- **Exercise brief**:
The listing below is to be written out word for word, minus its images.

- **Data records**:
▼▼▼

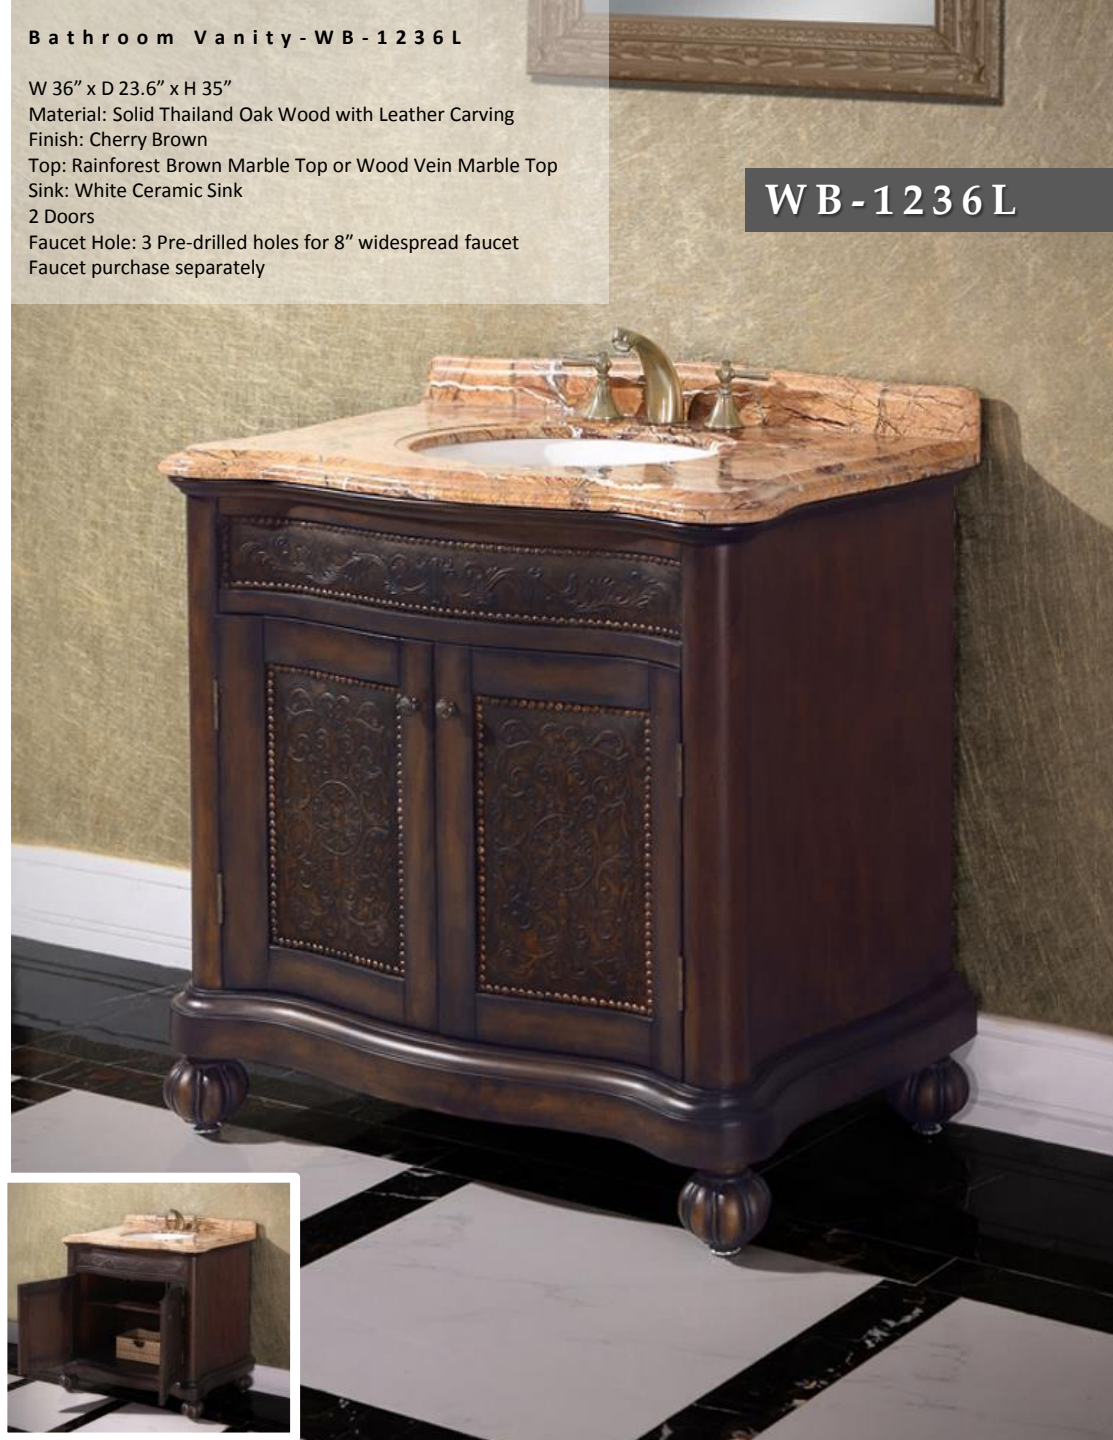

Finish: Cherry Brown

Top: Rainforest Brown Marble Top or Wood Vein Marble Top

Sink: White Ceramic Sink

2 Doors

Faucet Hole: 3 Pre-drilled holes for 8" widespread faucet

Faucet purchase separately

WB-1236L

Wood Vein

Rainforest Brown

WB-1460L

**Bathroom Vanity
- WB-1460L**

W 60" x D 23.6" x H 35"
Material: Solid Thailand Oak Wood
Finish: Antique Light Walnut
Top: Rainforest Brown Marble Top or Wood Vein Marble Top
Sink: White Ceramic Sink
4 Doors
Faucet Hole: 3 Pre-drilled holes for 8" widespread faucet
Faucet purchase separately

Bathroom Vanity
- WB - 1536 L

W 36" x D 23.6" x H 35"

Material: Solid Thailand Oak Wood with Leather Carving

Finish: Dark Walnut

Top: Emperador Marble

Sink: White Ceramic Sink

2 Doors

Faucet Hole: 3 Pre-drilled holes for 8" widespread faucet

Bathroom Vanity
-WB-2772L

W72" X D23.6" X H35"

Material: Solid Thailand Oak Wood with Leather Carving

Finish: Antique Light Walnut

Top: Rainforest Brown Marble Top

Sink: White Ceramic Sink

4 Doors

Faucet Hole: 3 Pre-drilled holes for 8" widespread faucet
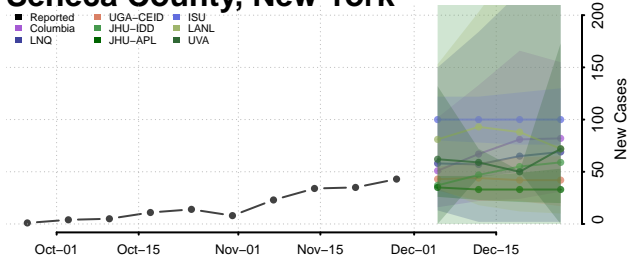

Saratoga County, New York

Schenectady County, New York

Schoharie County, New York

Schuyler County, New York

Seneca County, New York

St. Lawrence County, New York

Steuben County, New York

Suffolk County, New York
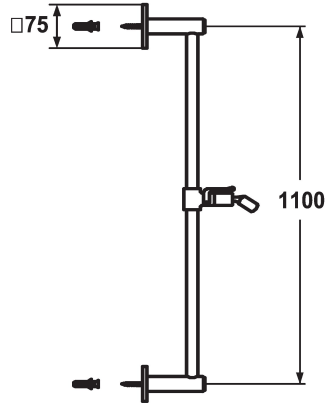

KWC FIT Sliding wall bar design

Modell-Linie: **SHOWERCULTURE | 26.000.505.000**
Showers | Complementary parts showers

KWC-No.

122531
chromeline, L 612

122532
chromeline, L 1100

Measure Lenght

L 612

L 1100

* KWC Sliding wall bar FIT design
- "The original"
* Made of brass
* KWC ball joint bracket, elevation adjustment lockable

* Tube diameter 18 mm
* The sliding wall bar can be shortened to any individual length as required

Technical Data

Diameter	75 x 75
Color code	chromeline
Faucet_typ	IP22
Measure Lenght	L 43 5/16"
Measure Lenght	L 1100
material	Brass

Diameter	75 x 75
Color code	chromeline
Faucet_typ	IP22
Measure Lenght	L 43 5/16"
Measure Lenght	L 1100
material	Brass
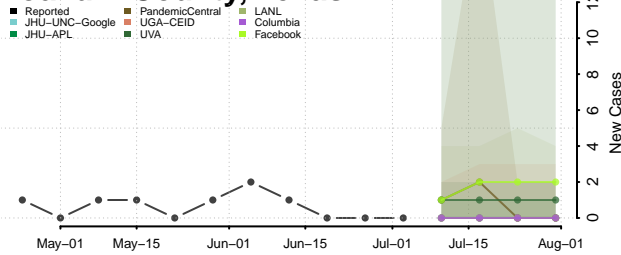

Wise County, Texas

Wood County, Texas

Yoakum County, Texas

Young County, Texas

Zapata County, Texas

Zavala County, Texas

Utah

Beaver County, Utah
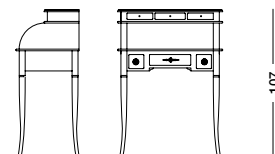

art. 4268

— 47 —   — 77 —
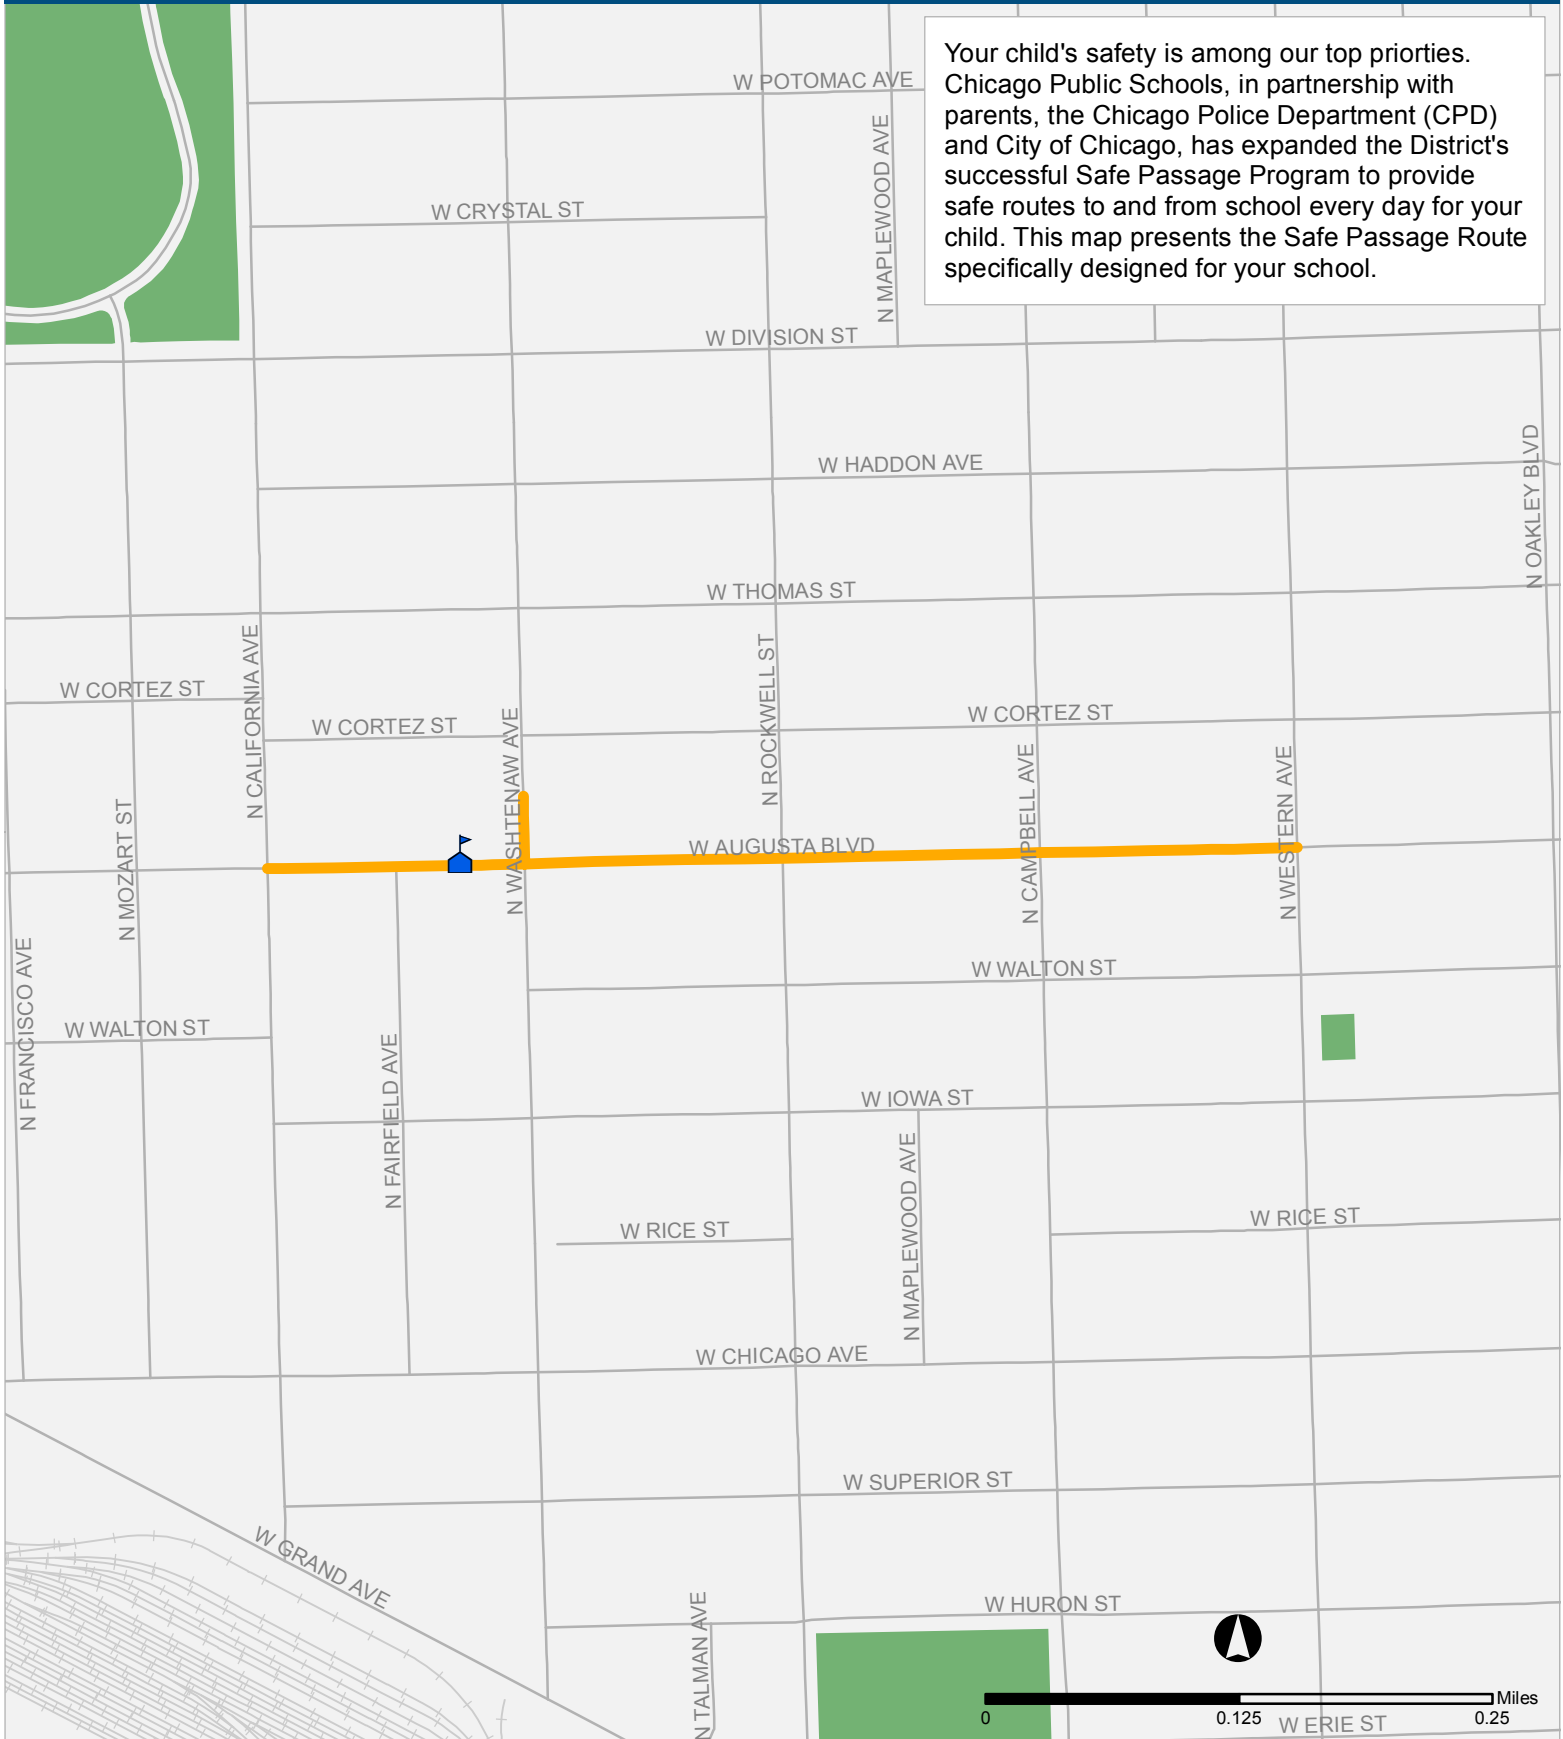

SAFE PASSAGE ROUTE: CHI ARTS

Your child's safety is among our top priorities. Chicago Public Schools, in partnership with parents, the Chicago Police Department (CPD) and City of Chicago, has expanded the District's successful Safe Passage Program to provide safe routes to and from school every day for your child. This map presents the Safe Passage Route specifically designed for your school.

Safe Passage Route

School Location

Park

▲▲▲

- **Output**:
Finish: Cherry Brown

Top: Rainforest Brown Marble Top or Wood Vein Marble Top

Sink: White Ceramic Sink

2 Doors

Faucet Hole: 3 Pre-drilled holes for 8" widespread faucet

Faucet purchase separately

WB-1236L

Wood Vein

Rainforest Brown

WB-1460L

**Bathroom Vanity
- WB-1460L**

W 60" x D 23.6" x H 35"
Material: Solid Thailand Oak Wood
Finish: Antique Light Walnut
Top: Rainforest Brown Marble Top or Wood Vein Marble Top
Sink: White Ceramic Sink
4 Doors
Faucet Hole: 3 Pre-drilled holes for 8" widespread faucet
Faucet purchase separately

Bathroom Vanity
- WB - 1536 L

W 36" x D 23.6" x H 35"

Material: Solid Thailand Oak Wood with Leather Carving

Finish: Dark Walnut

Top: Emperador Marble

Sink: White Ceramic Sink

2 Doors

Faucet Hole: 3 Pre-drilled holes for 8" widespread faucet

Bathroom Vanity
-WB-2772L

W72" X D23.6" X H35"

Material: Solid Thailand Oak Wood with Leather Carving

Finish: Antique Light Walnut

Top: Rainforest Brown Marble Top

Sink: White Ceramic Sink

4 Doors

Faucet Hole: 3 Pre-drilled holes for 8" widespread faucet

Saratoga County, New York

Schenectady County, New York

Schoharie County, New York

Schuyler County, New York

Seneca County, New York

St. Lawrence County, New York

Steuben County, New York

Suffolk County, New York

KWC FIT Sliding wall bar design

Modell-Linie: **SHOWERCULTURE | 26.000.505.000**
Showers | Complementary parts showers

KWC-No.

122531
chromeline, L 612

122532
chromeline, L 1100

Measure Lenght

L 612

L 1100

* KWC Sliding wall bar FIT design
- "The original"
* Made of brass
* KWC ball joint bracket, elevation adjustment lockable

* Tube diameter 18 mm
* The sliding wall bar can be shortened to any individual length as required

Technical Data

Diameter	75 x 75
Color code	chromeline
Faucet_typ	IP22
Measure Lenght	L 43 5/16"
Measure Lenght	L 1100
material	Brass

Diameter	75 x 75
Color code	chromeline
Faucet_typ	IP22
Measure Lenght	L 43 5/16"
Measure Lenght	L 1100
material	Brass

Wise County, Texas

Wood County, Texas

Yoakum County, Texas

Young County, Texas

Zapata County, Texas

Zavala County, Texas

Utah

Beaver County, Utah

art. 4268

— 47 —   — 77 —

SAFE PASSAGE ROUTE: CHI ARTS

Your child's safety is among our top priorities. Chicago Public Schools, in partnership with parents, the Chicago Police Department (CPD) and City of Chicago, has expanded the District's successful Safe Passage Program to provide safe routes to and from school every day for your child. This map presents the Safe Passage Route specifically designed for your school.

Safe Passage Route

School Location

Park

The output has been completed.